- Coat of arms adopted by King William I of Württemberg in 1817
- Country: Württemberg
- Founded: 1081; 945 years ago
- Founder: Conrad I, Count of Württemberg
- Current head: Wilhelm, Duke of Württemberg
- Final ruler: William II of Württemberg
- Titles: Count of Württemberg Duke of Württemberg Elector of Württemberg King of Württemberg King of Lithuania Count of Montbéliard
- Deposition: 1918; 108 years ago
- Cadet branches: Teck (extinct) Urach

= House of Württemberg =

German royal family and dynasty

The House of Württemberg is an ancient German dynasty and former royal family of the Kingdom of Württemberg.

==History==
===County===

The House probably originated in the vicinity of the Salian dynasty. Around 1080 the ancestors of modern Württemberg, which was then called "Wirtemberg", settled in the Stuttgart area. Conrad of Württemberg became heir to the House of Beutelsbach and built the Wirtemberg Castle. Around 1089, he was made Count. Their domains, initially only the immediate surroundings of the castle included, increased steadily, mainly through acquisitions such as those from impoverished homes of Tübingen.

===Duchy===

At the Diet of Worms in 1495, Count Eberhard V was raised to Duke (Herzog) by the German King, later Holy Roman Emperor, Maximilian I. During 1534 to 1537 Duke Ulrich introduced the Protestant Reformation, and the country became Protestant. Duke Ulrich became head of the local Protestant Church.
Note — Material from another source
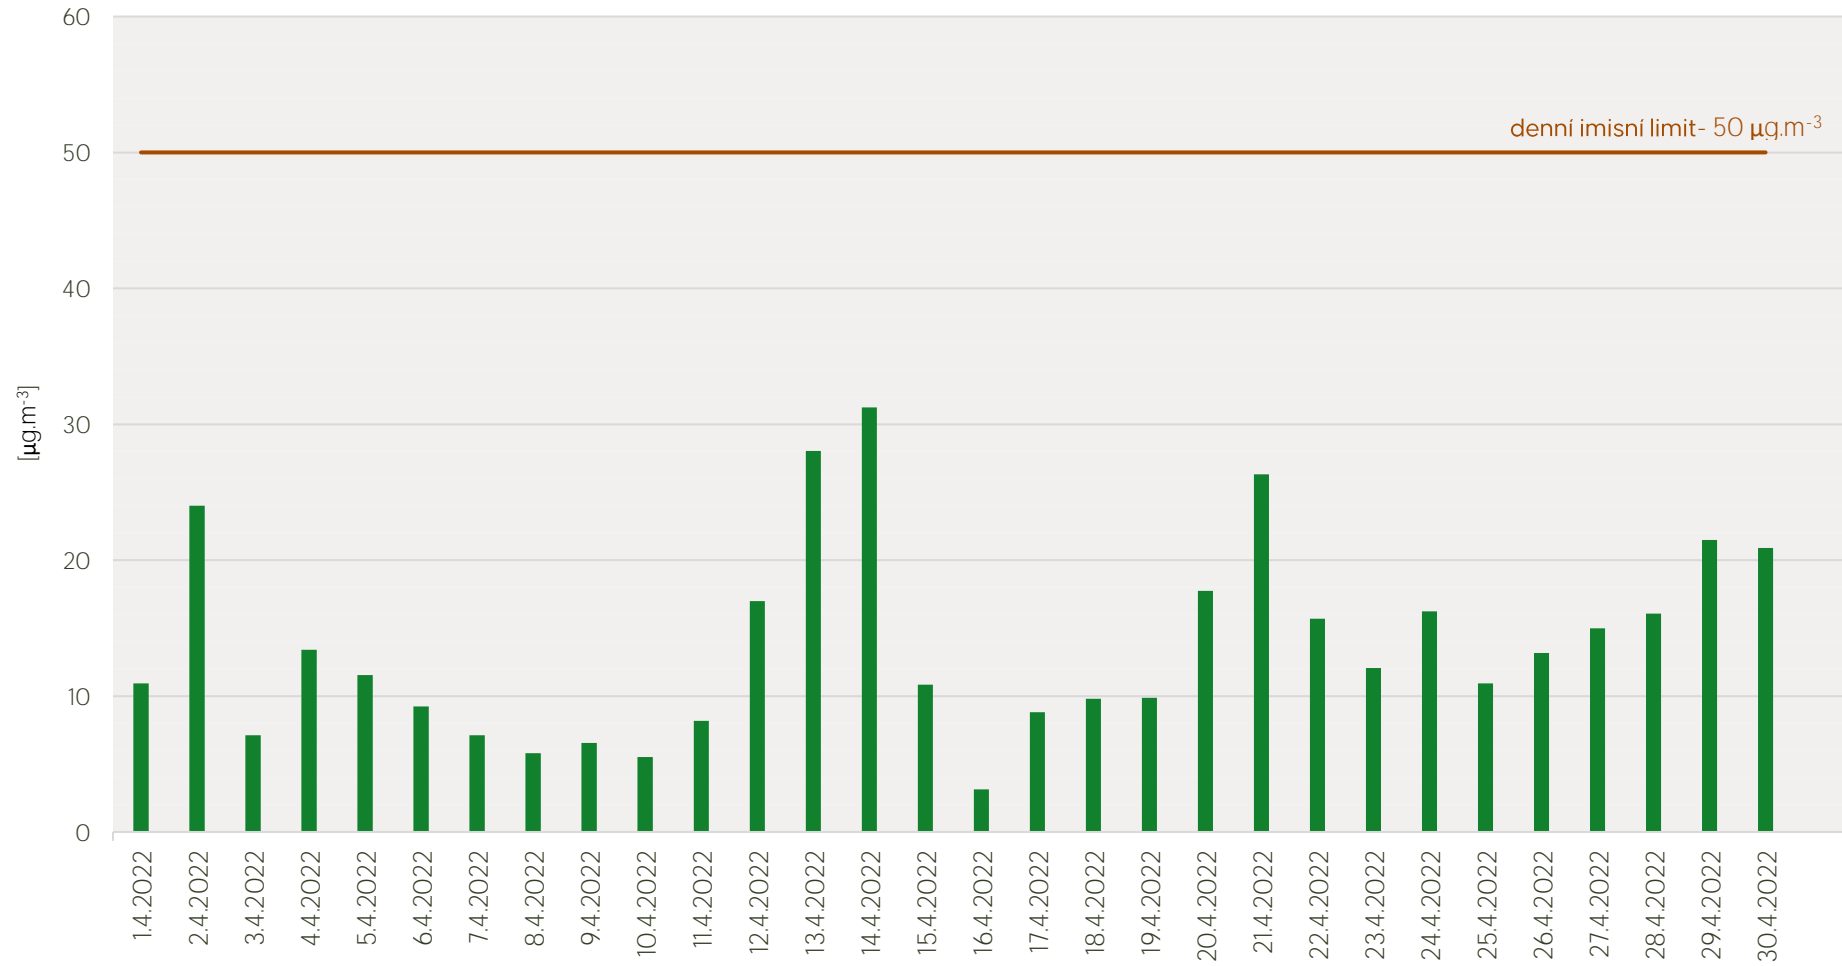

## Průměrné denní koncentrace SO<sub>2</sub> v Litvínově - duben 2022

Zpracovalo Ekologické centrum Most pro Krušnohoří na základě neverifikovaných dat z měřicí stanice AIM ZÚ Litvínov

## Průměrné denní koncentrace PM<sub>10</sub> v Litvínově - duben 2022

Zpracovalo Ekologické centrum Most pro Krušnohoří na základě neverifikovaných dat z měřicí stanice AIM ZÚ Litvínov

In the 18th Century, the Protestant male line became extinct, the head of the house was succeeded by Duke Charles Alexander, a Roman Catholic. Despite having a Catholic royal family, Protestantism survived as the established church, run by a church council composed by members of the nobility of Württemberg. From 1797, with the accession of Duke Frederick II, the royal family was again Protestant.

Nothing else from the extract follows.